→ **WHAT THE TASK ASKS**:
Among the lines below, a stretch begins at the one with "20-642 エンドカバー" and ends at the one with "2500mm/オフホワイト/100本入". Repeat that stretch exactly, ends included.

■ ■ ■ ■

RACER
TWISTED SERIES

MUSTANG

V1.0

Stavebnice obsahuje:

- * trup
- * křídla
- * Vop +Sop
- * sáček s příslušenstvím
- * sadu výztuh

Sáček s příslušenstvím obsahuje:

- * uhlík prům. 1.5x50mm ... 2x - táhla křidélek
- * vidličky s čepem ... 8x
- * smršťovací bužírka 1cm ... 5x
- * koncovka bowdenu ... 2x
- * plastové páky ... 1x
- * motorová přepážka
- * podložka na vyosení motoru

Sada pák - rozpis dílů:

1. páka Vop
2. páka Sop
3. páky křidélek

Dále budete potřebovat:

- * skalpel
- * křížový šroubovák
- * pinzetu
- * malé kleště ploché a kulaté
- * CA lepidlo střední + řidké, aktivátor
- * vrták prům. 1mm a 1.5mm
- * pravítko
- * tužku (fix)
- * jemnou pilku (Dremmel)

■ ■ ■ ■

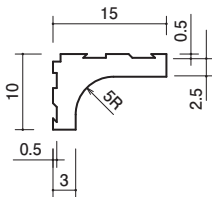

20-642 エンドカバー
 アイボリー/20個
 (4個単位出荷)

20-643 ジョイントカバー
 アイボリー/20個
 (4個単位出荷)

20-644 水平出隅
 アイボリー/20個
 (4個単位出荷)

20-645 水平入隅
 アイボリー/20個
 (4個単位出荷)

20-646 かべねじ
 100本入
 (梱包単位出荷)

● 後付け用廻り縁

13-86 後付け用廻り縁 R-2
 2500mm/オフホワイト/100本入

■ ■ ■ ■

→ **WRITTEN SOLUTION**:
20-642 エンドカバー
 アイボリー/20個
 (4個単位出荷)

20-643 ジョイントカバー
 アイボリー/20個
 (4個単位出荷)

20-644 水平出隅
 アイボリー/20個
 (4個単位出荷)

20-645 水平入隅
 アイボリー/20個
 (4個単位出荷)

20-646 かべねじ
 100本入
 (梱包単位出荷)

● 後付け用廻り縁

13-86 後付け用廻り縁 R-2
 2500mm/オフホワイト/100本入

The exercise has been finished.